**MATERIAL FOR THIS TASK:**
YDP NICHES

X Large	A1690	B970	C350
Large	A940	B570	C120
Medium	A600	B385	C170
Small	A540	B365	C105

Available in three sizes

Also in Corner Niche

**EXERCISE DETAILS:** Repeat the listing above exactly. Add nothing.

**RESPONSE TO THIS EXERCISE:**
YDP NICHES

X Large	A1690	B970	C350
Large	A940	B570	C120
Medium	A600	B385	C170
Small	A540	B365	C105

Available in three sizes

Also in Corner Niche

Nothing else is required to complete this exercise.